-------- Records to use

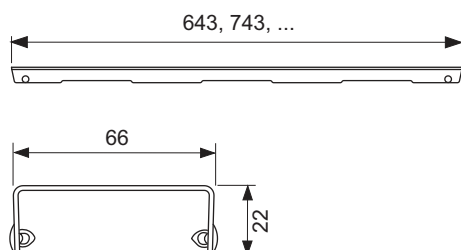

Декоративная решетка ТЕСЕdrainline "drops"; нержавеющая сталь, глянец или сатин, для душевого канала, прямая

номенклатурный номер : 601030

Номинальная
длина: 1000 мм
Поверхность: глянец
К 1: 1 шт.

описание:

Декоративная панель для душевого канала ТЕСЕdrainline (прямого) из нержавеющей стали (глянец/сатин) для установки в корпус канала, несущая способность в соответствии с классом нагрузки КЗ — испытательная нагрузка 300 кг.

данные о продажах:

наименование товара: Декоративная решетка ТЕСЕdrainline "drops" 1000 мм нержавеющая сталь, глянец, прямая
Группа товаров: 600
Группа продукции: 3006000050

Чертежи:

Запасные части:

- | | | |
|---|--------|------------------------------|
| 1 | 668014 | Крючок для извлечения основы |
| 2 | 668016 | Уплотняющие вставки (10 шт.) |
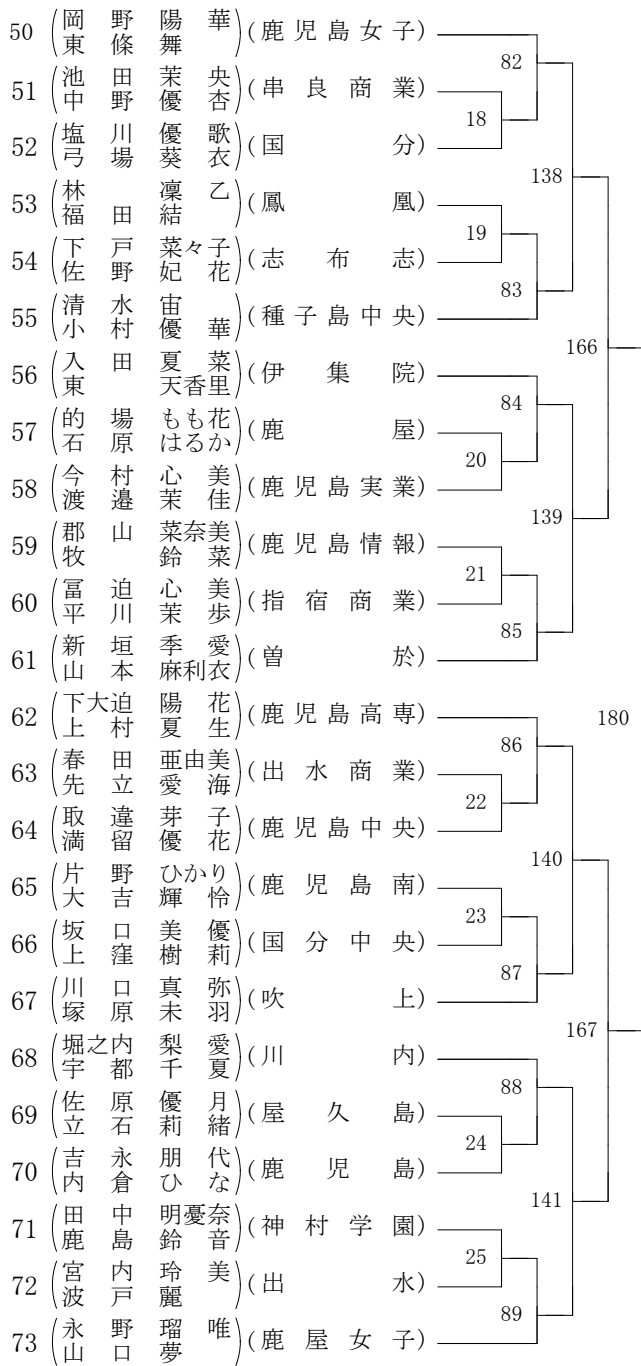

2021年度 高校総体 男子学校対抗の部 :ソフトテニス(鹿児島)

2021年度 高校総体 女子学校対抗の部 :ソフトテニス(鹿児島)

第1ブロック

第2ブロック

第3ブロック

第4ブロック

第5ブロック

第6ブロック

第7ブロック

第8ブロック

第1ブロック

第2ブロック

第3ブロック

第4ブロック

第5ブロック

第6ブロック

第7ブロック

第8ブロック

----------------

**Task objective:** The lines to return are those in the material above that hold "канала".

**Answer box:**
Декоративная решетка ТЕСЕdrainline "drops"; нержавеющая сталь, глянец или сатин, для душевого канала, прямая
Декоративная панель для душевого канала ТЕСЕdrainline (прямого) из нержавеющей стали (глянец/сатин) для установки в корпус канала, несущая способность в соответствии с классом нагрузки КЗ — испытательная нагрузка 300 кг.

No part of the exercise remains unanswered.